EV yield in comparison to commercial kits. Customized SiMoA (Single Molecule Assay) pan-tetraspanin EV detection was used to estimate EV recovery after BPt protocol and other commercial tools. (A) SiMoA results of pan-tetraspanin immune-phenotyping of EVs sample dilutions ranging from 10⁴ to 10¹⁰ particle/mL, expressed as Average Enzyme per Bead (AEB) (B) EV recovery yield after normalization to starting sample volume for BPt protocol, IZON SEC, ExoQuick precipitation, immune-capture on magnetic beads preceded by ExoQuick precipitation, immune-capture on magnetic beads only, ExoSpin kit and phosphatidylserine affinity capture on magnetic beads by FujiFilm. Bar errors indicate SD from 3 technical replicates.

FIGURE 8

Analysis of EV uptake. SKMEL-147 cells were incubated with 25,000 EVs/cell, previously labelled with maleimide-Alexa633. EV uptake by SKMEL-147 cells was assessed by flow cytometry. (A) Uptake analysis of EVs isolated by BPt capture and imidazole elution (orange) or SEC (blue) after 2 h of incubation with SKMEL-147 cells.

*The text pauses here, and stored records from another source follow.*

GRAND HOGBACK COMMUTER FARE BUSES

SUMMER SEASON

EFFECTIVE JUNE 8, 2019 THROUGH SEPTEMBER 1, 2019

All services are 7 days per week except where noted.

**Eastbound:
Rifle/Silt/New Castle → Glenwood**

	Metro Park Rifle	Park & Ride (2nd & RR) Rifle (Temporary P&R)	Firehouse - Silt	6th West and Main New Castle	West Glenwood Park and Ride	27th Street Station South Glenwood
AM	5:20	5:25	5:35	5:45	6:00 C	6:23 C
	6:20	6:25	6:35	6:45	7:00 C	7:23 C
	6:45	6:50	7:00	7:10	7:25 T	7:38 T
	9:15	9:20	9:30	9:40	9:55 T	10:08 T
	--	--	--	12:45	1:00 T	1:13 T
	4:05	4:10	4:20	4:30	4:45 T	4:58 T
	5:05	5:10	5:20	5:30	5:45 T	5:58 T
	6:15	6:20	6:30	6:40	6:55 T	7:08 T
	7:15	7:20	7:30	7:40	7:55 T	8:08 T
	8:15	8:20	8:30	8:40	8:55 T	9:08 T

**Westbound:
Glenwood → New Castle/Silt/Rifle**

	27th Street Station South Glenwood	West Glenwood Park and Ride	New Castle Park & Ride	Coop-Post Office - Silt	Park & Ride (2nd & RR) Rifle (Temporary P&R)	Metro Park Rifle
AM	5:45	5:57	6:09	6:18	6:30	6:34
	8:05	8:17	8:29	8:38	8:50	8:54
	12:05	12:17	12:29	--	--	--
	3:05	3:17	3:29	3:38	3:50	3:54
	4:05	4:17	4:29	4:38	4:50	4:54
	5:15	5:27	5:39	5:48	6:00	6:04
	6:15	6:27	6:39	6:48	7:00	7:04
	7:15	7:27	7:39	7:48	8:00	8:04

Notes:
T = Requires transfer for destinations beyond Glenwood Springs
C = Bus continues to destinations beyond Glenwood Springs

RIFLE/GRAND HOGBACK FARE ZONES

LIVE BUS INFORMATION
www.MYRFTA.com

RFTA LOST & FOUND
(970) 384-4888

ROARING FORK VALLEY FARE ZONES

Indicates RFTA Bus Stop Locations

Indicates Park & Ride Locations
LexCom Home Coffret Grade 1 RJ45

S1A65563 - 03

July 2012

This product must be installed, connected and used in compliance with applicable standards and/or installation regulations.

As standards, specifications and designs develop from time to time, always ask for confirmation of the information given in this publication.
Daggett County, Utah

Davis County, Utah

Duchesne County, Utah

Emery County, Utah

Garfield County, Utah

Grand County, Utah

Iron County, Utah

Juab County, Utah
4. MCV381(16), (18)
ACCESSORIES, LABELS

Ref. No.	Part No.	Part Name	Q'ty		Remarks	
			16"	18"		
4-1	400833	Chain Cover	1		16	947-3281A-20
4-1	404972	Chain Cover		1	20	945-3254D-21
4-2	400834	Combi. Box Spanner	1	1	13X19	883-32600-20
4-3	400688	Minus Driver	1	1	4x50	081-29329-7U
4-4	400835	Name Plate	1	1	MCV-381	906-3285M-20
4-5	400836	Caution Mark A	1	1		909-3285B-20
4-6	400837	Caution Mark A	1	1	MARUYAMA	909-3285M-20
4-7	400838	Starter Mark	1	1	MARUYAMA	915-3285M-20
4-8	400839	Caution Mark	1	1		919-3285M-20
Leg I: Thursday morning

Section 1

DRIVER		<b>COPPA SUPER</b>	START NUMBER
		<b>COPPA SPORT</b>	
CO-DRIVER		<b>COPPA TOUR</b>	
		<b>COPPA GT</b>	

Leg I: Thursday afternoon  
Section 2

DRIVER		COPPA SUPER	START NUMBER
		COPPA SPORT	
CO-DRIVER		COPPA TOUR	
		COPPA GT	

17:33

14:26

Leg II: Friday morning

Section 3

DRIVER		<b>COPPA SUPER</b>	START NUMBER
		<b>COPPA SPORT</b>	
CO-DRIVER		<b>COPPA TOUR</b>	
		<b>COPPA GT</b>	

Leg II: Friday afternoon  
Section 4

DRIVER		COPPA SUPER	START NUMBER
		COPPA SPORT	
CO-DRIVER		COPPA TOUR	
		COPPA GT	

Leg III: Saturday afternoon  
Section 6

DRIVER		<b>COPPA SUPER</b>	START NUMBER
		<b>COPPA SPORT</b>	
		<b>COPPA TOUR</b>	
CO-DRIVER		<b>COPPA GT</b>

Fluorescence of the negative control (cells without EVs) is shown in the red histogram. (B) Uptake analysis of EVs after incubation with SKMEL-147 cells during 30 min (red), 1 h (blue) or 2 h (orange). EVs were previously isolated by SEC (left plot) or BPt capture and EDTA elution (right plot). Bars indicate negative signal threshold from SKMEL-147 cells without EVs.